Find her husband’s details

If your H does not stop let her husband know what is going on , He may be blasé about this or he would try and stop it, depends on the man.

Do not let your H know that you have done this, she will tell him. Be prepared.. 

NB: As each EA follows a different course it is hard to forecast the reaction of your H,but keep posting on this board, use it as a blog if needs be, there are very experienced people on here who will give sound advice, There are a lot of EA threads currently running, if you have the time search for them.

Below are a few examples..

http://talkaboutmarriage.com/considering-divorce-separation/15199-reaching-my-limit.html

http://talkaboutmarriage.com/coping-infidelity/14591-confused.html

http://talkaboutmarriage.com/coping-infidelity/14064-wife-having-emotional-affair-how-handle.html

http://talkaboutmarriage.com/coping-infidelity/15211-i-caught-my-husband-phone-another-woman.html


Be brave, look after your health, do not stress, go walking, keep calm, no emotional outburst, just hold it together.


----------



## Sadara (Jul 27, 2010)

I knew in my own heart really what this was. I only know now it's more. Since I posted the original post, I checked his phone. It's the middle of the night and he's asleep. I found a ton of email exchanges from them. Based on what I can gather from them, he sees her every morning before work. He might even see her after work, but that I'm not entirely certain of. There are emails telling of how hard it was to be apart for two full days (the weekends). I know for certain from the emails that they have at least hugged and kissed each other. Hugs no biggy, kissing another woman, bad, very very bad.

I probably made the first mistake tonight, I did have emotional outburst. I've been reading here a lot since my post.

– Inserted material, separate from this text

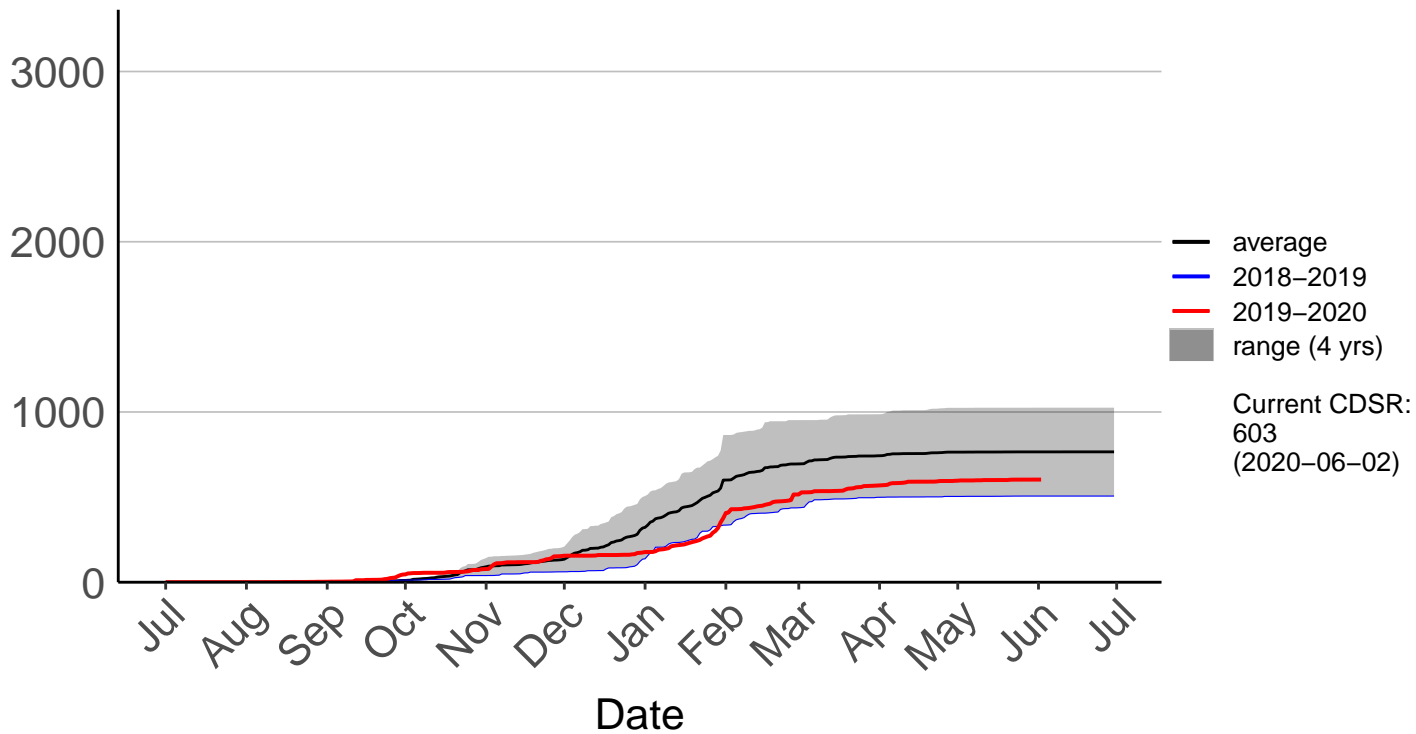

Hawea Flat Raws (May 2017 to Jun 2020)

Cumulative Fire Severity Rating

I know that was a mistake. I also didn't ask him to end it with her. He kept denying it. Kept putting it back on me and I started to question myself. I will calmly tell him that he needs to end it. I am also going to make sure his family knows fully what I have found out. I already told his Mom what I suspected. But now to tell her I know for certain.


----------



## Willow (Jun 17, 2010)

You had a wobble. Forgive yourself and move on and don't have any more. I had about a month of them so you are doing way better than I did already (I so wish I'd found this site earlier!).

I also did what many do which is a big mistake, I started trying too hard to be the perfect wife. Please learn from me and don't go there. You need to look as if you are getting on with your life, hold it together. Look good, be confident, do what you always do. Make him believe that you will have a life you will enjoy either with or without him, that your life is not over just because he is a prick. Learn what the wobbly points are, the bits where you're most likely to have a meltdown, and avoid those situations. 

Read as much as you can. Learn fast. This is a great resource. I was also given a recommendation here of a book called 'His Needs, Her Needs' and in turn I would recommend it to you. 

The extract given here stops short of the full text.